# To do
Repeat the records below exactly from the line containing "Durchflussmenge bei 3 bar 5 l/min." to the line containing "ATK-PIIRTO: OCAD 3630", taking in both of those lines. Drop the pictures.

[Records drawn from a dataset]
**********

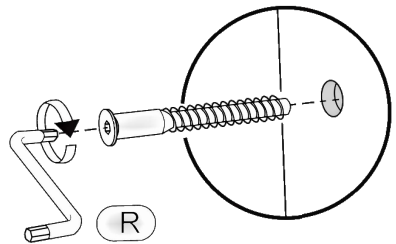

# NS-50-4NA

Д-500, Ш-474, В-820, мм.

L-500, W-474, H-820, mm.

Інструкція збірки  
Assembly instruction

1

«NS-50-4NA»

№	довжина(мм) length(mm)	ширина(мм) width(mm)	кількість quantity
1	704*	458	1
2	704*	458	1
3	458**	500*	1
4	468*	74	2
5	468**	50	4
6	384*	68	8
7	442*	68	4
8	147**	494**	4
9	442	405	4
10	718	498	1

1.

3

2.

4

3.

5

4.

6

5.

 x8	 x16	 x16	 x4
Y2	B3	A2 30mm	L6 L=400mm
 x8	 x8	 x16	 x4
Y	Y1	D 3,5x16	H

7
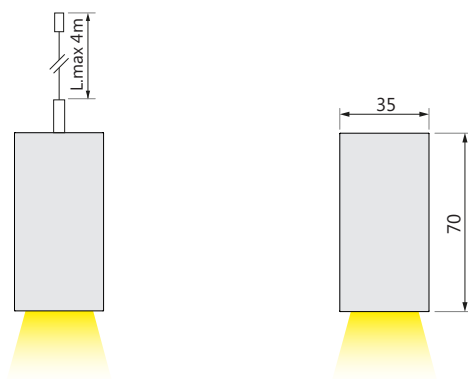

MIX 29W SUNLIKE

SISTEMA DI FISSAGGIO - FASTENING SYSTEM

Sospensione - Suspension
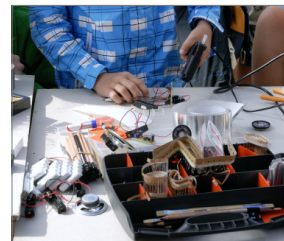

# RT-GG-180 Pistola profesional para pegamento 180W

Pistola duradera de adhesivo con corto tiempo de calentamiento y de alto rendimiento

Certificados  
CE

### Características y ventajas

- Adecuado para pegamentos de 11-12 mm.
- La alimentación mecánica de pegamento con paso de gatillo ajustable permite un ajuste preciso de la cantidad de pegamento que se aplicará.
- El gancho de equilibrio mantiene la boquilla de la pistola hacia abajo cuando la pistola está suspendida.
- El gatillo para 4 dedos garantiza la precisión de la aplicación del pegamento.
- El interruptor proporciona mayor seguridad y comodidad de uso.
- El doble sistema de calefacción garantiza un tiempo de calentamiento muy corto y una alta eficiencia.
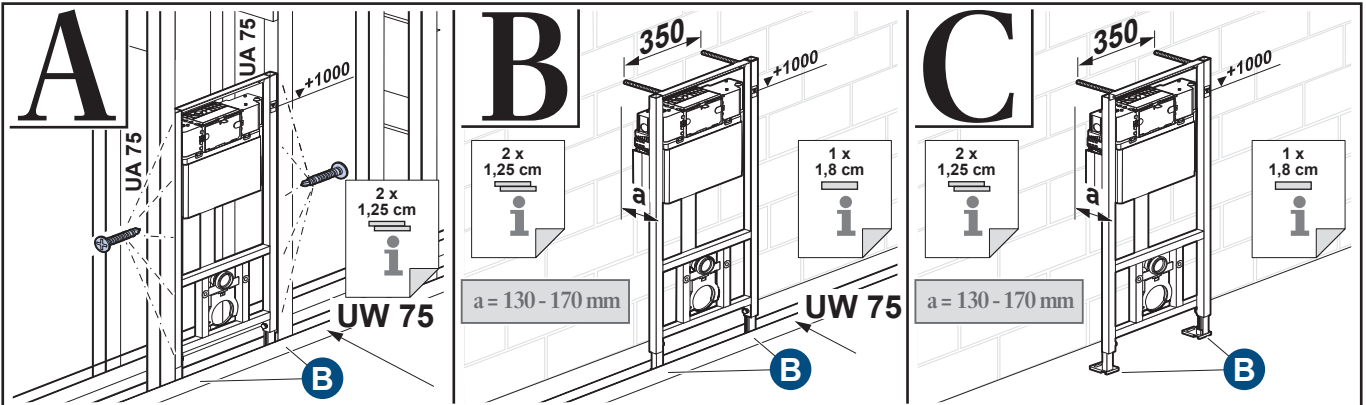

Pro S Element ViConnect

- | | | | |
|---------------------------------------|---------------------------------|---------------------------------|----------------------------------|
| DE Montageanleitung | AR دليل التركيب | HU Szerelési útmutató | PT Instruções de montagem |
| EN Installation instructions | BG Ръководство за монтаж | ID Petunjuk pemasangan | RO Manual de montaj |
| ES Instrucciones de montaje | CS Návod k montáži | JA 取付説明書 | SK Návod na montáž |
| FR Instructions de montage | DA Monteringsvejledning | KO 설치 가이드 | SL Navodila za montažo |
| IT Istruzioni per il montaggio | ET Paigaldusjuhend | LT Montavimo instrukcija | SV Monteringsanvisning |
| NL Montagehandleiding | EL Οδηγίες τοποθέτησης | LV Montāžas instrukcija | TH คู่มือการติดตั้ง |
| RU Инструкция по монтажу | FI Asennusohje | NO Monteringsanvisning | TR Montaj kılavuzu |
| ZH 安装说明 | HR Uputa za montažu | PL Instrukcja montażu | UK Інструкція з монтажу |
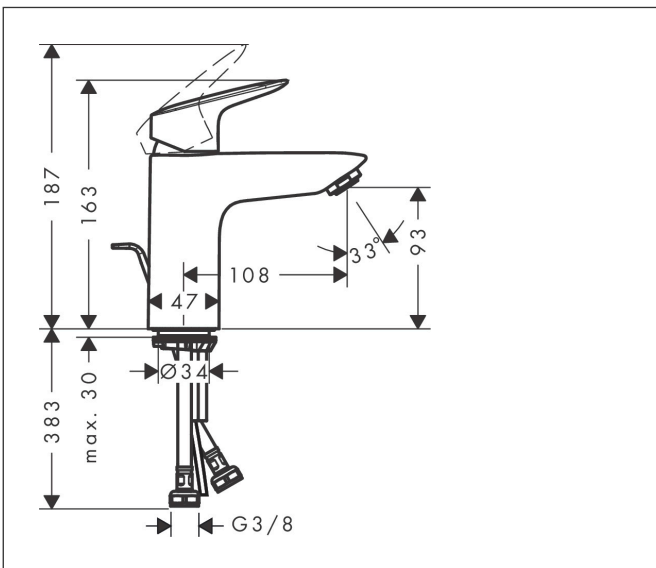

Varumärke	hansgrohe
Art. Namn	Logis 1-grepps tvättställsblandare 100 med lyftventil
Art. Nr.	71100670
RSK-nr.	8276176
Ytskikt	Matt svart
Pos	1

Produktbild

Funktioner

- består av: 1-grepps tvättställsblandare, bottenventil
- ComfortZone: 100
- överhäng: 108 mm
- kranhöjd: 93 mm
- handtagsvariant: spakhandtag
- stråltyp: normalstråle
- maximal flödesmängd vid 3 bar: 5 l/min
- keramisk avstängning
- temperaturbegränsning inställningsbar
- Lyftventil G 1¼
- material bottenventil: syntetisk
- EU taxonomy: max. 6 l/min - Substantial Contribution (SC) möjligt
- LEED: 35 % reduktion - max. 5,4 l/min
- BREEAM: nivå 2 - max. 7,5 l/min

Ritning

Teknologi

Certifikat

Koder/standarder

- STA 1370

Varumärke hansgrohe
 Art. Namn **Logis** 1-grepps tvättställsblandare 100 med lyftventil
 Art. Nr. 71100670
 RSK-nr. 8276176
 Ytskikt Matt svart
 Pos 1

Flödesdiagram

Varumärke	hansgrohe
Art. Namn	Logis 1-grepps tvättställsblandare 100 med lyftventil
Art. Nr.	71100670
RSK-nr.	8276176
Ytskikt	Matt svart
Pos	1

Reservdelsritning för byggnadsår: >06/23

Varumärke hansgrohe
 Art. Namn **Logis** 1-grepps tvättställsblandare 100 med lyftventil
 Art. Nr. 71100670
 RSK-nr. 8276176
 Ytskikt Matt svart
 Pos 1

**********

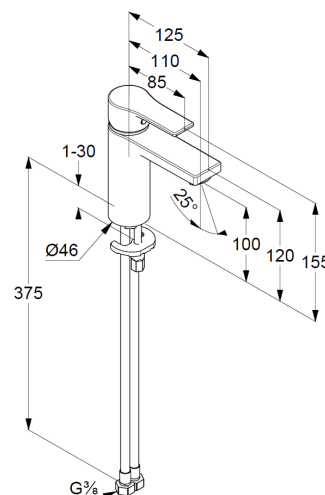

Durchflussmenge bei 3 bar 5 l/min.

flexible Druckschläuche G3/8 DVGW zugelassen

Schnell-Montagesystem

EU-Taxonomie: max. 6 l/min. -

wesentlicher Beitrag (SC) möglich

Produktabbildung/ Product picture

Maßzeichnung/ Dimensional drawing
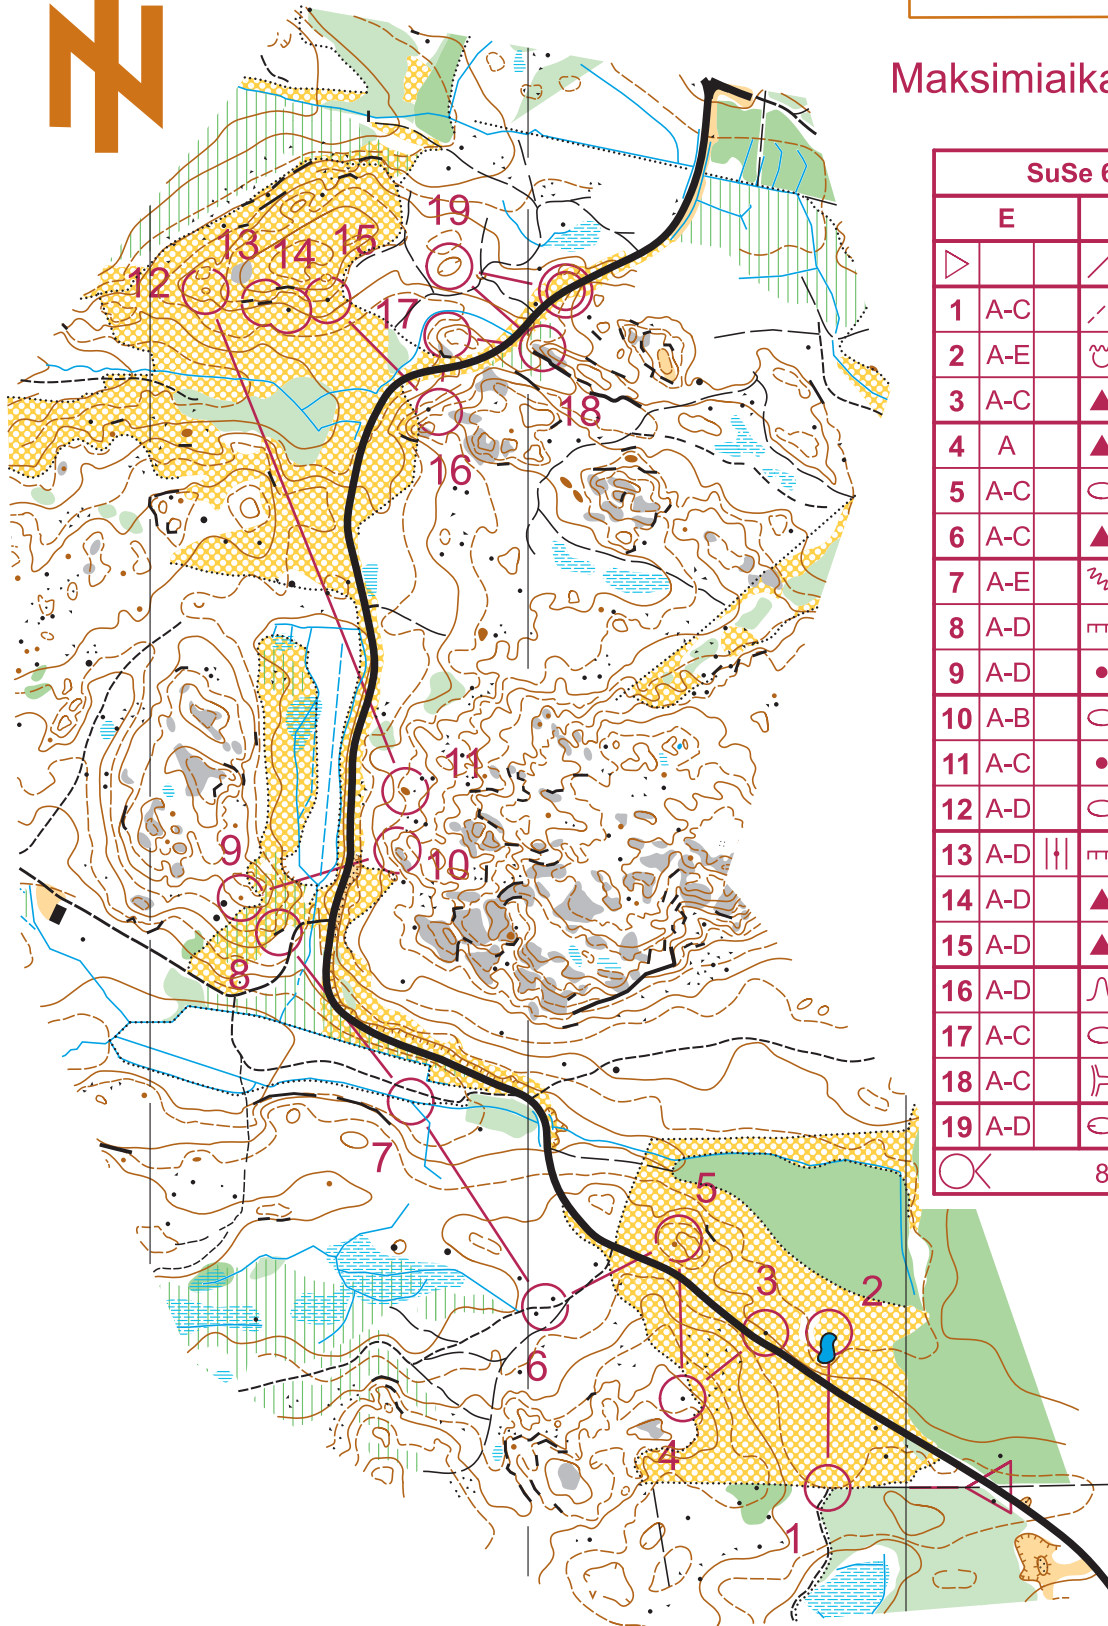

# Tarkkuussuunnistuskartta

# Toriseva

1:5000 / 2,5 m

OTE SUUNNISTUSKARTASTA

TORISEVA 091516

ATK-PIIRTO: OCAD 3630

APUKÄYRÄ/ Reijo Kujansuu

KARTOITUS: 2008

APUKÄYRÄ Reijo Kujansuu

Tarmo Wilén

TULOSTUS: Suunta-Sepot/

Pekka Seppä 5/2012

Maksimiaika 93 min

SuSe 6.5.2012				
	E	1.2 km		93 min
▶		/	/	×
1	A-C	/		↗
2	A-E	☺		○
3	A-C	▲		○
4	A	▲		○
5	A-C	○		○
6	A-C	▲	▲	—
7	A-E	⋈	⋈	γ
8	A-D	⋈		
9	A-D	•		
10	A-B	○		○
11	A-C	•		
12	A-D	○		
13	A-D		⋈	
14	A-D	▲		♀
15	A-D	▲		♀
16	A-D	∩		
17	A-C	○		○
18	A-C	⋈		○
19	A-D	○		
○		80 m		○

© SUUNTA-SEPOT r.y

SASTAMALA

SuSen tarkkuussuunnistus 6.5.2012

**********

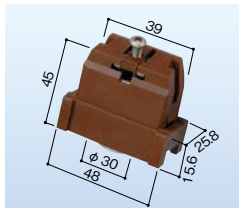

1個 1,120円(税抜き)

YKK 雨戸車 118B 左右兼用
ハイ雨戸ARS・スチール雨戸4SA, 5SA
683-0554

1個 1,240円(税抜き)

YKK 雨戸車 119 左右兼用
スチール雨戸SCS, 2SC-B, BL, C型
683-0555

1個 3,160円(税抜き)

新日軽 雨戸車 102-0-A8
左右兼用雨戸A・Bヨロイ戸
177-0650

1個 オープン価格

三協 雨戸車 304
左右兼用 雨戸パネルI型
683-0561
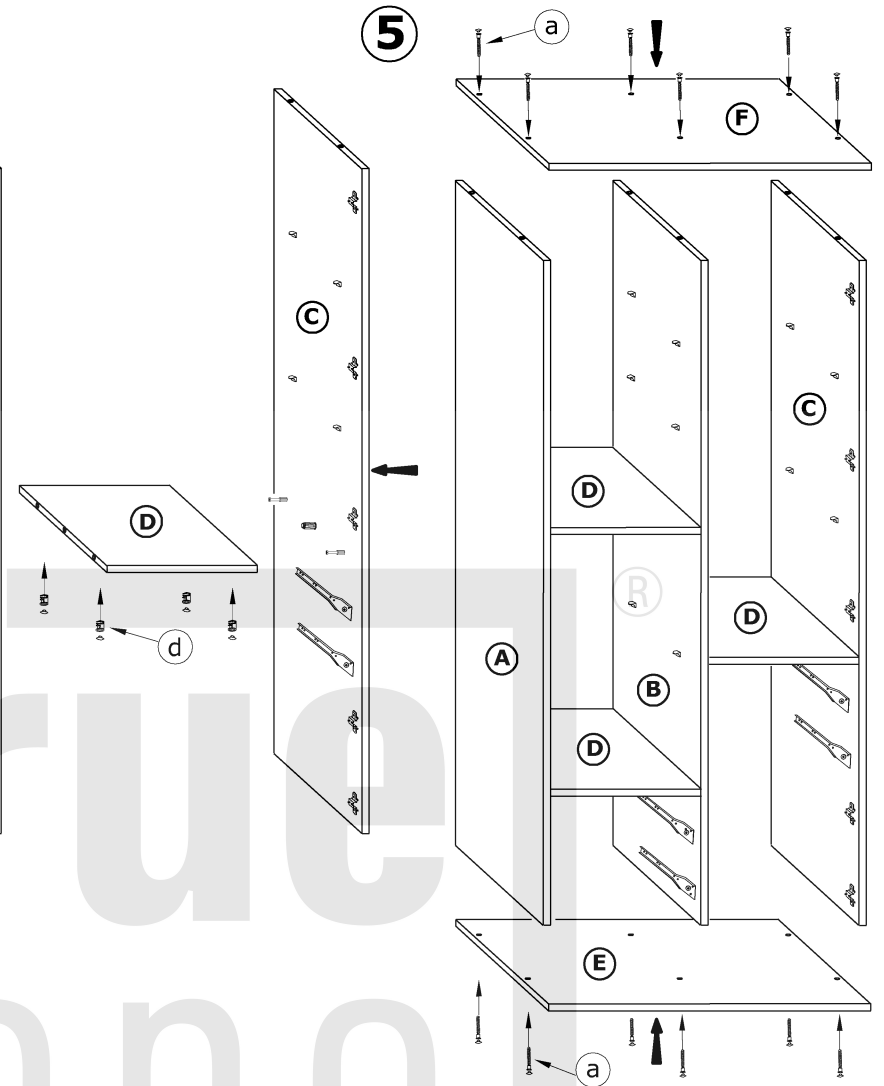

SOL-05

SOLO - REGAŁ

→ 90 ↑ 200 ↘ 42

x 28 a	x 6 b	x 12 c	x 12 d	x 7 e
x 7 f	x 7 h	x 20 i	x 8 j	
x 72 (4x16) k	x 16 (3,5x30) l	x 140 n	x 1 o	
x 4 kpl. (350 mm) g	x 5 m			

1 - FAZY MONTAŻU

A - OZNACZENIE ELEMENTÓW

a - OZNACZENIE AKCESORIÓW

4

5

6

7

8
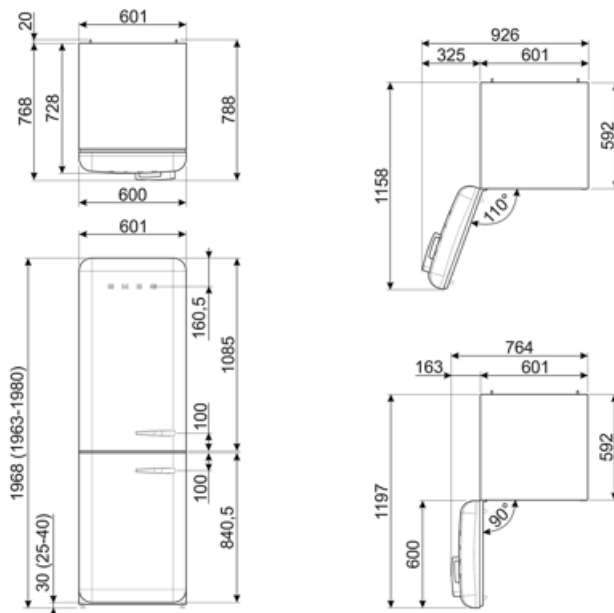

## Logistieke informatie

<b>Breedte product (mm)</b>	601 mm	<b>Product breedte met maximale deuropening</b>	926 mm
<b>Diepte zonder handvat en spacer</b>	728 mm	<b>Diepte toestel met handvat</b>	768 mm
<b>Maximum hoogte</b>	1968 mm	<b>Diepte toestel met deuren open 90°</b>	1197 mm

**********

# Solution
Durchflussmenge bei 3 bar 5 l/min.

flexible Druckschläuche G3/8 DVGW zugelassen

Schnell-Montagesystem

EU-Taxonomie: max. 6 l/min. -

wesentlicher Beitrag (SC) möglich

Produktabbildung/ Product picture

Maßzeichnung/ Dimensional drawing

# Tarkkuussuunnistuskartta

# Toriseva

1:5000 / 2,5 m

OTE SUUNNISTUSKARTASTA

TORISEVA 091516

ATK-PIIRTO: OCAD 3630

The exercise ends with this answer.